Jno. Downright. “What an Old Fogey Thinks.” The Boston Investigator, 1539 (Nov. 21, 1860): 242. Downright expresses his contempt for modern Infidelity especially those “sects” which advocate temperance, spiritualism and the emancipation of slaves and concludes, “while the advocates of mental liberty are advocates, also, of free love, free niggers, and the like dangerous systems of fool-osophy, I do not wish to be identified with them.”

Jno. Ambrose. “Slavery- Reply to Dr. Hammett.” The Boston Investigator, 1540 (Nov. 28, 1860): 250. Writing from Richland, Mississippi, Ambrose asserts that “The Dr. takes it for granted that the Negroes desire freedom, that it would be a boon to them. These are perhaps great mistakes, the latter especially. As for the first, it does not exist generally, and would not even partially, were they not meddled with and stimulated with false hopes by occasionally a busybody in the shape of a bigoted and fanatical abolitionist.”

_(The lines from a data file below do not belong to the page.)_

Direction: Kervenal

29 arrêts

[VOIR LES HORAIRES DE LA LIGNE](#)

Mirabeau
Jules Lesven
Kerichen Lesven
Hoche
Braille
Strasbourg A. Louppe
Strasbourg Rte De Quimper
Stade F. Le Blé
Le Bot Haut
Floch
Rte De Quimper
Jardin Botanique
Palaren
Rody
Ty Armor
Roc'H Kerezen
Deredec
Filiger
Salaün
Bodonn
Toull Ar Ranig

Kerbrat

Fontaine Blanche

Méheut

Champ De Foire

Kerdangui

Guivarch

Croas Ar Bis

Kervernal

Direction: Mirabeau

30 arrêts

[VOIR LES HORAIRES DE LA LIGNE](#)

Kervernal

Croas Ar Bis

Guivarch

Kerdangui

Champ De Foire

From the South- Stopping Papers.” The Boston Investigator, 1543 (Dec. 19, 1860): 278. Responding to yet another request from a Southern subscriber to stop the Investigator, the editor remarks, “in the Southern states we have but few subscribers in comparison with Northern and Western States; and what we do have (or some of them) are seceding from our list, one after another. Every week we receive notices of a dissolution of the union that once existed between Southern subscribers and the Investigator; not because these friends love the Church, but because they hate the North. We don’t exactly see, though, why they should spite themselves, and make a scapegoat of us, merely on account of their dislike of our politicians! We Infidels are crowded down enough politically, one would think, by Northern bigots, without having the screws put upon us by Southern Infidels.”

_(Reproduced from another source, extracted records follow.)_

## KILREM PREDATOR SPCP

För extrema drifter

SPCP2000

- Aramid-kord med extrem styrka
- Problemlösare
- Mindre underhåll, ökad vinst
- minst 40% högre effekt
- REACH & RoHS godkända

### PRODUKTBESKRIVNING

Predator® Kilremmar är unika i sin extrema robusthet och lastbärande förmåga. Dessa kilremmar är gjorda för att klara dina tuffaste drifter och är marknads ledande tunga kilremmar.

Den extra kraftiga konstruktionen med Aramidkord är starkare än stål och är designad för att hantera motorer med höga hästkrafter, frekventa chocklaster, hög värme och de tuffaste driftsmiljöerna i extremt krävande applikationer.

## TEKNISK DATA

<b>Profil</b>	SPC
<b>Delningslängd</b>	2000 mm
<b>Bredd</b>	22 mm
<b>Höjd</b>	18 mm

Dutchman. “Mind your own Business!” The Boston Investigator, 1552 (Feb. 20, 1861): 346. The Dutchman writes, “I see that the “disturbing element of the North American continent”- the negro- has wriggled itself into the center of those Infidel battalions, which, firm and fearless thus far, have gathered around the ancient standard of Union- the Investigator. Mayhap- and the very idea breeds gloom- there will be a division in these ranks, similar to that which exists in the Methodist, and other Christian sects, in the United States . . . . If so, I hope our anti-slavery Infidel friends will not treat us- the pro-slavery minority- as the dominant party of the North treat their brethren of the South.” The author concludes, “[I]n respect of slavery, I think it best for each Infidel to adopt the Investigator editorial notion, and “Mind his own business.” Not wishing to prevent free discussion, I yet humbly wish to read an infidel paper, without being free discussion-ed into an “irrepressible” word-war about negro, negro, negro!”

“Encouraging Letter from the South.” The Boston Investigator, 1552 (Feb. 20, 1861): 349. Writing from Uniontown, Alabama, the author qualifies himself as a union man and states, “I shall not- no never! desert the Investigator, so long as she maintains the right of Freethinking and Truth-speaking.”

“The Investigator.” The Boston Investigator, 1554 (Mar. 6, 1861): 364. This article features a letter in which the author notes that Boston’s German language Infidel paper, Der Pionier, edited by Karl Heinzen, has lost about all its Southern subscribers on account of its discussion of slavery.

B.L. Prescott. “A Letter from Georgia” and James D. Harris. “A Letter from Mississippi.” The Boston Investigator, 1557 (Mar. 27, 1861): 387. Prescott requests that his paper be stopped given that, “in this quarter” it “brings odium on all who wink at it,” while Harris pleads for unity among infidels, arguing that “our political troubles have all originated from the Bible, or the religious sects, and now is the accepted time to strike a deadly blow at its roots.”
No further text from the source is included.